## Problem
Once the pictures are set aside, copy everything else in the records exactly.

## Records provided
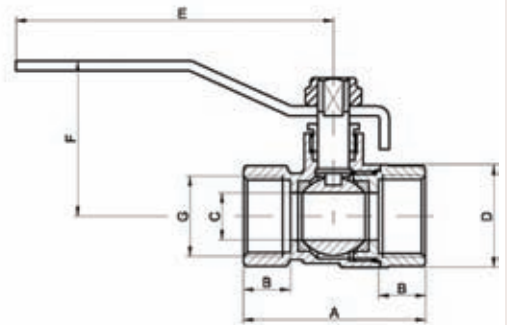

BVH-15
1/2" | ₹ 310/

BVH-20
3/4" | ₹ 455/

BVH-25
1" | ₹ 690/

BVH-32
1 1/4" | ₹ 1150/

BVH-40
1 1/2" | ₹ 1710/

BVH-50
2" | ₹ 2600/

BRASS FORGED BALL VALVE (ECO)

FEATURES:-

Brass Body, Brass Ball, Brass Stem, PTFE Seal.

| G | A(mm) | B(mm) | C(mm) | D(mm) | E(mm) | F(mm) |
|--------|-------|-------|-------|-------|-------|-------|
| 1/2" | 55.3 | 16 | 13 | 28 | 97 | 45.25 |
| 3/4" | 59.5 | 16.2 | 18 | 34 | 108 | 57 |
| 1" | 69 | 19 | 21 | 39.8 | 108 | 62.5 |
| 1 1/4" | 82.9 | 20 | 30 | 51.2 | 140 | 70 |
| 1 1/2" | 91 | 20.5 | 35 | 59 | 165 | 81.5 |
| 2" | 101 | 21 | 45 | 74 | 165 | 90.5 |

## Exercise response
BVH-15
1/2" | ₹ 310/

BVH-20
3/4" | ₹ 455/

BVH-25
1" | ₹ 690/

BVH-32
1 1/4" | ₹ 1150/

BVH-40
1 1/2" | ₹ 1710/

BVH-50
2" | ₹ 2600/

BRASS FORGED BALL VALVE (ECO)

FEATURES:-

Brass Body, Brass Ball, Brass Stem, PTFE Seal.

| G | A(mm) | B(mm) | C(mm) | D(mm) | E(mm) | F(mm) |
|--------|-------|-------|-------|-------|-------|-------|
| 1/2" | 55.3 | 16 | 13 | 28 | 97 | 45.25 |
| 3/4" | 59.5 | 16.2 | 18 | 34 | 108 | 57 |
| 1" | 69 | 19 | 21 | 39.8 | 108 | 62.5 |
| 1 1/4" | 82.9 | 20 | 30 | 51.2 | 140 | 70 |
| 1 1/2" | 91 | 20.5 | 35 | 59 | 165 | 81.5 |
| 2" | 101 | 21 | 45 | 74 | 165 | 90.5 |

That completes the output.